» **TASK STATEMENT**
Reproduce the data below in full and to the letter, images excepted.

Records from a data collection
───

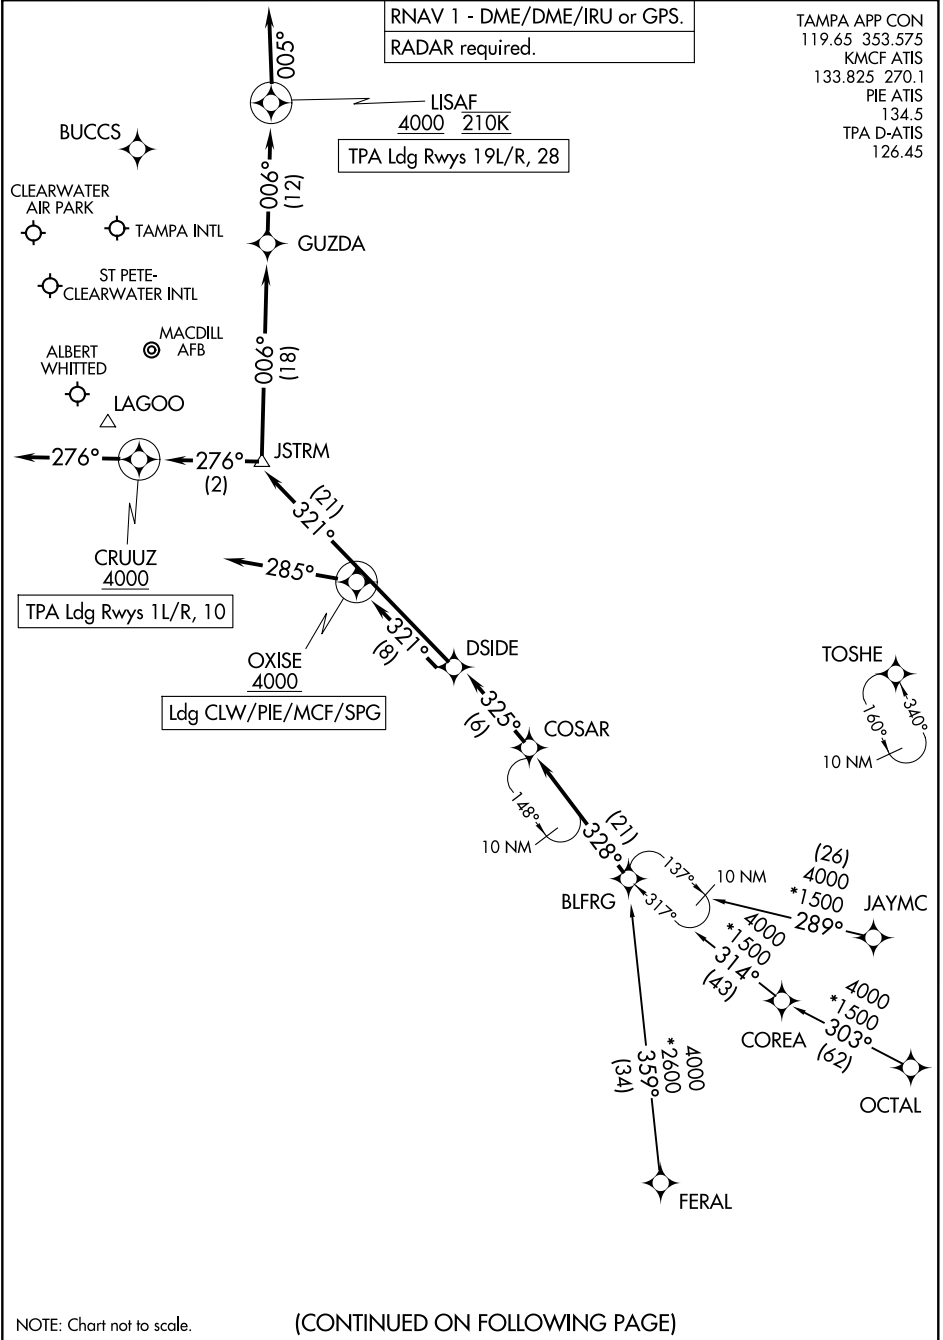

BLFRG THREE ARRIVAL (RNAV)

TAMPA, FLORIDA

TAMPA APP CON
119.65 353.575
KMCF ATIS
133.825 270.1
PIE ATIS
134.5
TPA D-ATIS
126.45

SE-3, 20 MAR 2025 to 17 APR 2025

SE-3, 20 MAR 2025 to 17 APR 2025

NOTE: Chart not to scale.

(CONTINUED ON FOLLOWING PAGE)

BLFRG THREE ARRIVAL (RNAV)

TAMPA, FLORIDA

───

» **TASK RESULT**
BLFRG THREE ARRIVAL (RNAV)

TAMPA, FLORIDA

TAMPA APP CON
119.65 353.575
KMCF ATIS
133.825 270.1
PIE ATIS
134.5
TPA D-ATIS
126.45

SE-3, 20 MAR 2025 to 17 APR 2025

SE-3, 20 MAR 2025 to 17 APR 2025

NOTE: Chart not to scale.

(CONTINUED ON FOLLOWING PAGE)

BLFRG THREE ARRIVAL (RNAV)

TAMPA, FLORIDA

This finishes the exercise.